## Raw data
▶

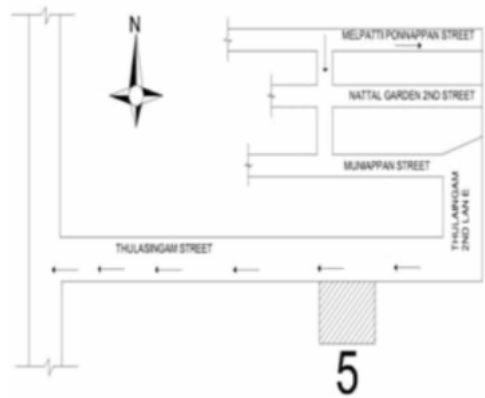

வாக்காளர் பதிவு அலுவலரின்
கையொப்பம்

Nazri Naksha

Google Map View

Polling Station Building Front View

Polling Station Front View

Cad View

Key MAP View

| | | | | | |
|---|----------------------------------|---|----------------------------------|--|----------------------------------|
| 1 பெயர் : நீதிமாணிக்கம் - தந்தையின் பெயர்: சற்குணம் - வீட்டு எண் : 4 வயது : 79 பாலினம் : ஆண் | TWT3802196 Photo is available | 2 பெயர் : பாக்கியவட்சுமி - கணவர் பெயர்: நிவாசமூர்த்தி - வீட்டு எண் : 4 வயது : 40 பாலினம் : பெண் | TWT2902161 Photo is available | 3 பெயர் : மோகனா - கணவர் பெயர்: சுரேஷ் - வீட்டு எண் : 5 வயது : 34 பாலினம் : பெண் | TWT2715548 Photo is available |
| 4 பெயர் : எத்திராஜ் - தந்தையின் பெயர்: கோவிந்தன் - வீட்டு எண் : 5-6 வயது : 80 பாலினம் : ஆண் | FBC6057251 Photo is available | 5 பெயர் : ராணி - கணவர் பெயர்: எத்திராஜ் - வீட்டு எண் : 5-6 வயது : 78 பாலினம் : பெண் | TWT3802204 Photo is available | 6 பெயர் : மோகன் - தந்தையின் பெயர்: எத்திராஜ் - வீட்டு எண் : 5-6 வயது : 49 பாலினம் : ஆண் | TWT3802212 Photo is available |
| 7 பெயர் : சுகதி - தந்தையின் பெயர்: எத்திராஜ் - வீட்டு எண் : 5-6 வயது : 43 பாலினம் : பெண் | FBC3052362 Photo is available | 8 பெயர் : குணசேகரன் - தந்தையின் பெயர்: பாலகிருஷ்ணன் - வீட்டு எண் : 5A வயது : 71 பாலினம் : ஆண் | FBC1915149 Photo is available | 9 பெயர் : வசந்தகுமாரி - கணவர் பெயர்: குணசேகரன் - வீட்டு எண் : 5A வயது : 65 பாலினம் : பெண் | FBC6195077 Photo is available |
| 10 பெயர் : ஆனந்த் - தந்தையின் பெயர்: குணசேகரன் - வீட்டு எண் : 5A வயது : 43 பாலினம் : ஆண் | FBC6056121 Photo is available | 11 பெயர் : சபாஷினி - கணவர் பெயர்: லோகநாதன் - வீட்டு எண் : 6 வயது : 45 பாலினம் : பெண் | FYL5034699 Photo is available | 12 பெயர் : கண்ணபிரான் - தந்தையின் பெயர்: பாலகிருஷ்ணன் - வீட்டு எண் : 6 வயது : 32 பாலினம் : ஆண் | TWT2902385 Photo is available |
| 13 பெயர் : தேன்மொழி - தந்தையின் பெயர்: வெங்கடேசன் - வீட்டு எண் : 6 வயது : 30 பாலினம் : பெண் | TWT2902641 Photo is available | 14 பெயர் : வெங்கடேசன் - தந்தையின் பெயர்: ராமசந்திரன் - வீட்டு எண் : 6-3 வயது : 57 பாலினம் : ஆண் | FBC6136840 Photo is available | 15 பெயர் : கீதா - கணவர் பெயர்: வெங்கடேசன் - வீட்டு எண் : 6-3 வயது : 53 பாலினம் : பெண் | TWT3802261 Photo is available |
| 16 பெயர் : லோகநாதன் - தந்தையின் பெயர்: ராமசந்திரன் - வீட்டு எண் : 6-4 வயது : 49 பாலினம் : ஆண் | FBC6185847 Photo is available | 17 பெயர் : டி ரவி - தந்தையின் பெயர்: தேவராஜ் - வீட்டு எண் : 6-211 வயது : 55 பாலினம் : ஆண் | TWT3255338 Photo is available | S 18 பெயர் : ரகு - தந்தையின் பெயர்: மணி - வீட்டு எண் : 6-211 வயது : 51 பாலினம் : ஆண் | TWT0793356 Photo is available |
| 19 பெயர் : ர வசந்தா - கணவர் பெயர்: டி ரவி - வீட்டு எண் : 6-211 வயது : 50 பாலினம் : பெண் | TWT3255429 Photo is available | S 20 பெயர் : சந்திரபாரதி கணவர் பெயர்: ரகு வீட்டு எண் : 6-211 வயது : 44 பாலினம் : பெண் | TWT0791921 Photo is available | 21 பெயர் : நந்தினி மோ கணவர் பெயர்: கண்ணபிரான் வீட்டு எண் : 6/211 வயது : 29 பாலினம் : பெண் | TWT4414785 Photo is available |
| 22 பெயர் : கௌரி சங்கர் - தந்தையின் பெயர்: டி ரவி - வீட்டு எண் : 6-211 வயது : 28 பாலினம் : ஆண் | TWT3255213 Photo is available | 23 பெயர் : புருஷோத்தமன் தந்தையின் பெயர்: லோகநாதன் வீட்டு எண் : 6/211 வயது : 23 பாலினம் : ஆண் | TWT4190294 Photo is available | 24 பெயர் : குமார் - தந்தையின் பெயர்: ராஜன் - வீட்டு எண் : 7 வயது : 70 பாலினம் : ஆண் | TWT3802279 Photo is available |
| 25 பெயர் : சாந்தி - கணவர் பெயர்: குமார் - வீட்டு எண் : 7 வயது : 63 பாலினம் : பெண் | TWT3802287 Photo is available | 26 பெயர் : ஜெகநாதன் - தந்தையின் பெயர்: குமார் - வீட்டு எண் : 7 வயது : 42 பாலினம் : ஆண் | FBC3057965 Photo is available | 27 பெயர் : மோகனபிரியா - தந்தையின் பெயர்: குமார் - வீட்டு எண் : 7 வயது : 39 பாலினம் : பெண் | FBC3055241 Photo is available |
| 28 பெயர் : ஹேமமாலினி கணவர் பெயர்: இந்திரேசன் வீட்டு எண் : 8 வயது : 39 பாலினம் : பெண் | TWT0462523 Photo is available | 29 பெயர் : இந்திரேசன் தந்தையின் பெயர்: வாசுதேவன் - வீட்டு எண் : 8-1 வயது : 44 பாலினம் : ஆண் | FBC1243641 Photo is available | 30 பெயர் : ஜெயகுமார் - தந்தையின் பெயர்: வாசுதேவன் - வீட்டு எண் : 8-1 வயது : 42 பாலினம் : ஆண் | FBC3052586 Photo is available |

◀

## What the task requires
Extract the full listing above verbatim; pictures are to be left out of the copy.

## Answer to this problem
வாக்காளர் பதிவு அலுவலரின்
கையொப்பம்

Nazri Naksha

Google Map View

Polling Station Building Front View

Polling Station Front View

Cad View

Key MAP View

| | | | | | |
|---|----------------------------------|---|----------------------------------|--|----------------------------------|
| 1 பெயர் : நீதிமாணிக்கம் - தந்தையின் பெயர்: சற்குணம் - வீட்டு எண் : 4 வயது : 79 பாலினம் : ஆண் | TWT3802196 Photo is available | 2 பெயர் : பாக்கியவட்சுமி - கணவர் பெயர்: நிவாசமூர்த்தி - வீட்டு எண் : 4 வயது : 40 பாலினம் : பெண் | TWT2902161 Photo is available | 3 பெயர் : மோகனா - கணவர் பெயர்: சுரேஷ் - வீட்டு எண் : 5 வயது : 34 பாலினம் : பெண் | TWT2715548 Photo is available |
| 4 பெயர் : எத்திராஜ் - தந்தையின் பெயர்: கோவிந்தன் - வீட்டு எண் : 5-6 வயது : 80 பாலினம் : ஆண் | FBC6057251 Photo is available | 5 பெயர் : ராணி - கணவர் பெயர்: எத்திராஜ் - வீட்டு எண் : 5-6 வயது : 78 பாலினம் : பெண் | TWT3802204 Photo is available | 6 பெயர் : மோகன் - தந்தையின் பெயர்: எத்திராஜ் - வீட்டு எண் : 5-6 வயது : 49 பாலினம் : ஆண் | TWT3802212 Photo is available |
| 7 பெயர் : சுகதி - தந்தையின் பெயர்: எத்திராஜ் - வீட்டு எண் : 5-6 வயது : 43 பாலினம் : பெண் | FBC3052362 Photo is available | 8 பெயர் : குணசேகரன் - தந்தையின் பெயர்: பாலகிருஷ்ணன் - வீட்டு எண் : 5A வயது : 71 பாலினம் : ஆண் | FBC1915149 Photo is available | 9 பெயர் : வசந்தகுமாரி - கணவர் பெயர்: குணசேகரன் - வீட்டு எண் : 5A வயது : 65 பாலினம் : பெண் | FBC6195077 Photo is available |
| 10 பெயர் : ஆனந்த் - தந்தையின் பெயர்: குணசேகரன் - வீட்டு எண் : 5A வயது : 43 பாலினம் : ஆண் | FBC6056121 Photo is available | 11 பெயர் : சபாஷினி - கணவர் பெயர்: லோகநாதன் - வீட்டு எண் : 6 வயது : 45 பாலினம் : பெண் | FYL5034699 Photo is available | 12 பெயர் : கண்ணபிரான் - தந்தையின் பெயர்: பாலகிருஷ்ணன் - வீட்டு எண் : 6 வயது : 32 பாலினம் : ஆண் | TWT2902385 Photo is available |
| 13 பெயர் : தேன்மொழி - தந்தையின் பெயர்: வெங்கடேசன் - வீட்டு எண் : 6 வயது : 30 பாலினம் : பெண் | TWT2902641 Photo is available | 14 பெயர் : வெங்கடேசன் - தந்தையின் பெயர்: ராமசந்திரன் - வீட்டு எண் : 6-3 வயது : 57 பாலினம் : ஆண் | FBC6136840 Photo is available | 15 பெயர் : கீதா - கணவர் பெயர்: வெங்கடேசன் - வீட்டு எண் : 6-3 வயது : 53 பாலினம் : பெண் | TWT3802261 Photo is available |
| 16 பெயர் : லோகநாதன் - தந்தையின் பெயர்: ராமசந்திரன் - வீட்டு எண் : 6-4 வயது : 49 பாலினம் : ஆண் | FBC6185847 Photo is available | 17 பெயர் : டி ரவி - தந்தையின் பெயர்: தேவராஜ் - வீட்டு எண் : 6-211 வயது : 55 பாலினம் : ஆண் | TWT3255338 Photo is available | S 18 பெயர் : ரகு - தந்தையின் பெயர்: மணி - வீட்டு எண் : 6-211 வயது : 51 பாலினம் : ஆண் | TWT0793356 Photo is available |
| 19 பெயர் : ர வசந்தா - கணவர் பெயர்: டி ரவி - வீட்டு எண் : 6-211 வயது : 50 பாலினம் : பெண் | TWT3255429 Photo is available | S 20 பெயர் : சந்திரபாரதி கணவர் பெயர்: ரகு வீட்டு எண் : 6-211 வயது : 44 பாலினம் : பெண் | TWT0791921 Photo is available | 21 பெயர் : நந்தினி மோ கணவர் பெயர்: கண்ணபிரான் வீட்டு எண் : 6/211 வயது : 29 பாலினம் : பெண் | TWT4414785 Photo is available |
| 22 பெயர் : கௌரி சங்கர் - தந்தையின் பெயர்: டி ரவி - வீட்டு எண் : 6-211 வயது : 28 பாலினம் : ஆண் | TWT3255213 Photo is available | 23 பெயர் : புருஷோத்தமன் தந்தையின் பெயர்: லோகநாதன் வீட்டு எண் : 6/211 வயது : 23 பாலினம் : ஆண் | TWT4190294 Photo is available | 24 பெயர் : குமார் - தந்தையின் பெயர்: ராஜன் - வீட்டு எண் : 7 வயது : 70 பாலினம் : ஆண் | TWT3802279 Photo is available |
| 25 பெயர் : சாந்தி - கணவர் பெயர்: குமார் - வீட்டு எண் : 7 வயது : 63 பாலினம் : பெண் | TWT3802287 Photo is available | 26 பெயர் : ஜெகநாதன் - தந்தையின் பெயர்: குமார் - வீட்டு எண் : 7 வயது : 42 பாலினம் : ஆண் | FBC3057965 Photo is available | 27 பெயர் : மோகனபிரியா - தந்தையின் பெயர்: குமார் - வீட்டு எண் : 7 வயது : 39 பாலினம் : பெண் | FBC3055241 Photo is available |
| 28 பெயர் : ஹேமமாலினி கணவர் பெயர்: இந்திரேசன் வீட்டு எண் : 8 வயது : 39 பாலினம் : பெண் | TWT0462523 Photo is available | 29 பெயர் : இந்திரேசன் தந்தையின் பெயர்: வாசுதேவன் - வீட்டு எண் : 8-1 வயது : 44 பாலினம் : ஆண் | FBC1243641 Photo is available | 30 பெயர் : ஜெயகுமார் - தந்தையின் பெயர்: வாசுதேவன் - வீட்டு எண் : 8-1 வயது : 42 பாலினம் : ஆண் | FBC3052586 Photo is available |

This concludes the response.